Il est bientôt midi et la ville et ses fortifications nous accueillent pour une pause bien méritée. Le temps de quelques photos de la moto devant la porte Est, puis nous abandonnons nos montures pour plonger au cœur de la cité et rejoindre les restaurants de la place centrale.
Ornant son centre, une fontaine figure Louis IX, Saint Louis, partant en croisade. Il est le fondateur de cette cité au 13ème siècle.
Installés en terrasse, à l’ombre des platanes, notre choix se porte sur un, voire « le » plat emblématique de Camargue: la gardianne de taureau. C’est un ragoût de viande de toros de Camargue, accompagné de riz d’origine locale lui aussi.
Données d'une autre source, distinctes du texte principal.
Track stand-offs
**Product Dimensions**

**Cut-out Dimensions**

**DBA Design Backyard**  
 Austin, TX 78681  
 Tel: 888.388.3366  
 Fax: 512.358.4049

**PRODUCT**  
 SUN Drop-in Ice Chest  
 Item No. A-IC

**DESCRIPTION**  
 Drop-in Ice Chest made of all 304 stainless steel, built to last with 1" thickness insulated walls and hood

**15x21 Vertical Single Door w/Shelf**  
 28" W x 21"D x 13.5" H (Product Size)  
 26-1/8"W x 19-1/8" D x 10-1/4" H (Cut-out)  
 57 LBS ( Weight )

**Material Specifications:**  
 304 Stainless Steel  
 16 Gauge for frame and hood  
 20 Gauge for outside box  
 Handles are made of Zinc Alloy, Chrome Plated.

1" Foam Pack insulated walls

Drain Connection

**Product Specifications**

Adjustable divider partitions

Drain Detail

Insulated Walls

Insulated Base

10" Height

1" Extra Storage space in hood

Nous en profitons pour faire le point sur notre itinéraire. La fatigue commence à se faire cruellement sentir. Nous décidons d’écourter et de légèrement modifier le parcours initial. Le port de Sète est remplacé par le port du Grau du Roi. En navigation fluviale, en suivant le Rhône, il aurait fallu passer par le petit Rhône, puis au sud de Saint Gilles prendre le canal du Rhône à Sète, et enfin bifurquer au milieu d’Aigues Mortes dans le canal qui le relie au port du Grau du Roi.
Direction donc le Grau, en passant par la route qui longe les salins. C’est une autre grande particularité d’Aigues Mortes (littéralement Eaux mortes): les salins du Midi et le sel de Camargue, connus mondialement. Mais si, vous l’avez tous déjà croisé, même en Suisse: le sel avec une baleine comme emblème. Il est extrait ici, dans les salins du Midi, à partir de l’eau de la mer méditerranée depuis 1934 (baleine qui s’oppose au lion du « sel de terre » de Franche-Comté).
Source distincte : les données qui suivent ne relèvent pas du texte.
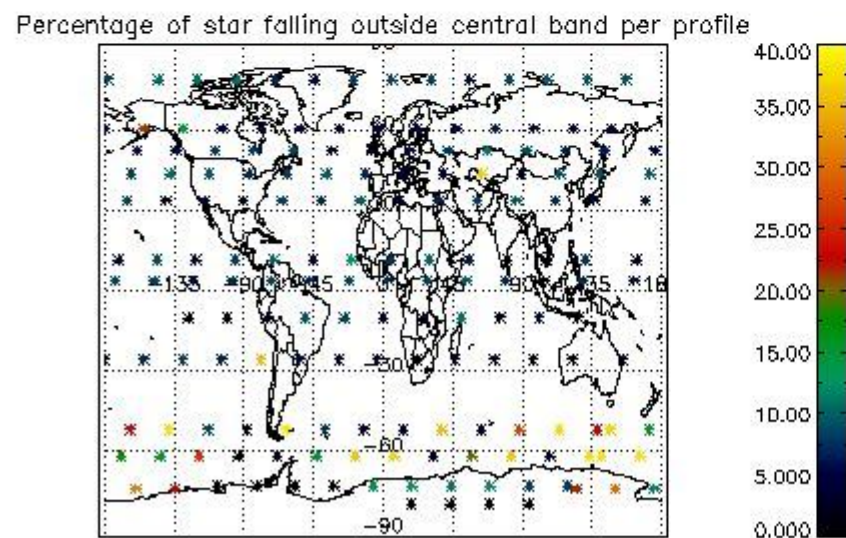

5. Trace gas profiles

5.1 Ozone statistics based on quality of products

The final quality of the products can be "measured" using the STD (Standard Deviation) attached to every point profile. This information is written to the parameter GOM_NL__2P/NL_LOCAL_SPECIES_DENSITY/o3_std of the level 2 products. The table below shows the statistics for given STD ranges.

The statistics are given with respect to the overall valid production:

- Products without fatal errors: GOM_NL__2P/MPH/PRODUCT_ERR=0
- Valid point profile: GOM_NL__2P/NL_LOCAL_SPECIES_DENSITY/pcd(0)=0

The 'Criteria' is applied to valid points of dark limb products:

- Products in dark limb illumination condition: GOM_NL__2P/NL_SUMMARY_QUALITY/obs_ill_cond=0
- Products without fatal errors: GOM_NL__2P/MPH/PRODUCT_ERR=0
- Valid point profile: GOM_NL__2P/NL_LOCAL_SPECIES_DENSITY/pcd(0)=0

So, the table below shows the percentage of dark limb and valid observations for each criteria with respect to the overall valid daily observations.

Criteria	% of total production
All STD	15
STD < 20	6

Les immenses montagnes de sel immaculées sont visibles à plusieurs dizaines de kilomètres à la ronde. Sur les marais salants, les sauniers récoltent aussi la précieuse fleur de sel, parfois rosée par la présence d’une micro-algue selon la saison.
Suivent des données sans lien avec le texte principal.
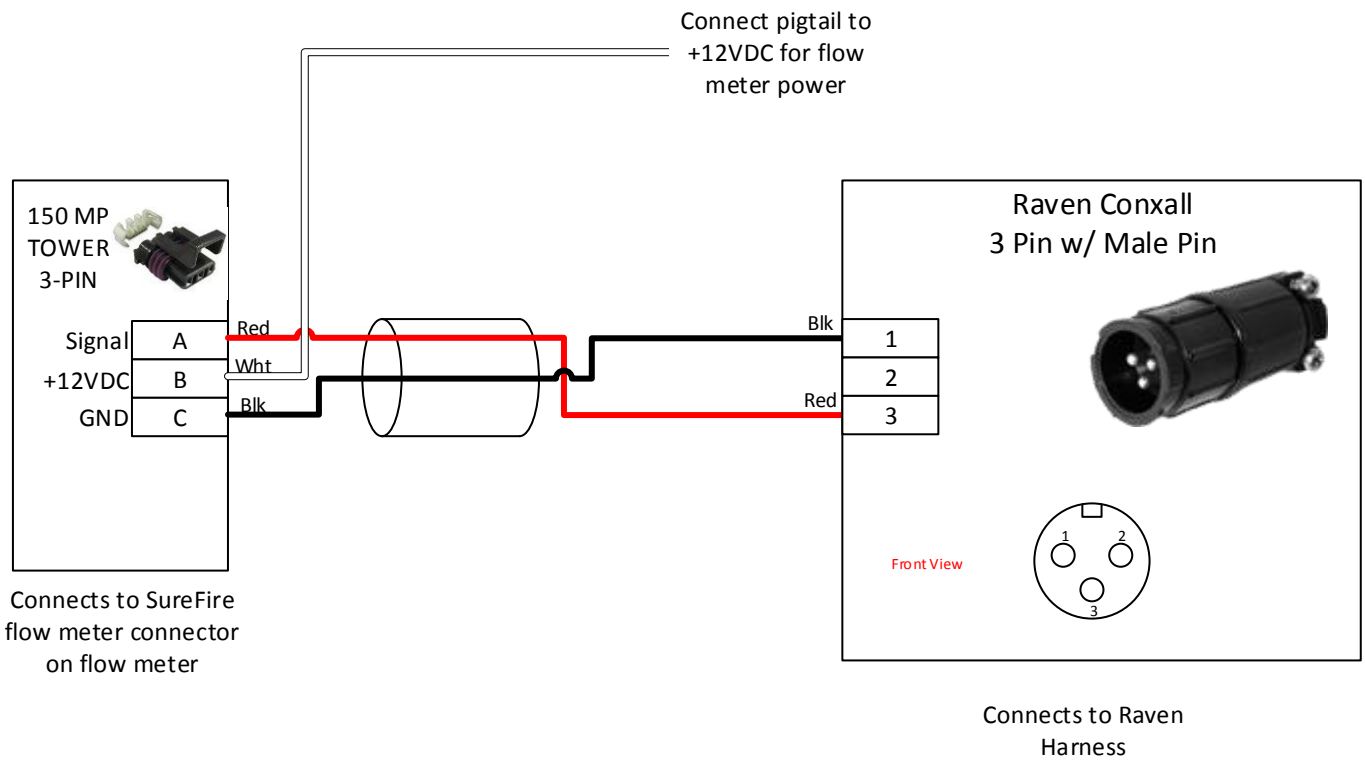

# Raven Flow to 150MP Adapter 201-2138Y1

Wire Size: 18 AWG

Total Length: 1ft

|                                    |                                   |               |             |
|------------------------------------|-----------------------------------|---------------|-------------|
| Project:                           | Adapters                          | Drawn By:     | Albert Popp |
| Name:                              | 201-2138Y1 Raven to 150MP Adapter | Date:         | 1/10/2012   |
| Copyright 2011 SureFire Ag Systems |                                   | Page of Pages | 1 of 3      |

**REVISIONS**

A-01 Original Drawing

|  |  |  |                 |                         |          |      |
|--|--|--|-----------------|-------------------------|----------|------|
|  | Part No:   |  | Drawn By:       | JD Schmechel            |          |      |
|  | Description:   |  | Last Edit Date: | 1/22/2016<br>9:54:01 AM | Revision | A-01 |
|  | Copyright 2014 Sure Fire Ag Systems, Reproduction or other use of drawing without express written permission from SureFire Ag Systems is forbidden |  |                 | Page of Pages           | 2        | of 3 |

Au Grau du Roi, en prenant par les ruelles, nous nous postons directement au bord du canal qui fait la jonction entre le port et la mer. C’est une petite station balnéaire qui a su garder son âme et son ambiance de village de pécheurs.

Quelques clichés plus tard nous voilà repartis, direction Indian Montpellier. Encore une fois l’accueil est chaleureux, enjoué, intrigué aussi par notre démarche. On raconte, on échange, avec l’équipe et le patron. Ça parle moto, ça se partage des anecdotes. On resterait là des heures si la fatigue et la chaleur ne nous poussaient pas à aller rapidement nous poser.
Allez encore 25 km et nous arrivons dans mon village natal. Ce soir c’est repos chez mes parents avec plongeon dans la piscine. La soirée s’est terminée doucement et ce roadtrip aussi, au son des cigales sur la terrasse, en discutant moto, voyage, anecdotes en famille.

Le lendemain, c’est le retour. Et on rentre par l’autoroute, avec quelques petites pauses ravitaillement et nettoyage du « pare-brise » de notre paquebot. La moto est faite pour avaler du kilomètre.
Un peu plus de 5 heures après notre départ du sud de la France nous avons sans souci regagné la suisse avec des souvenirs plein la tête, et les cartes des appareils photos saturées. Avec aussi l’envie de repartir à nouveau découvrir d’autres lieux avec pourquoi pas une autre monture.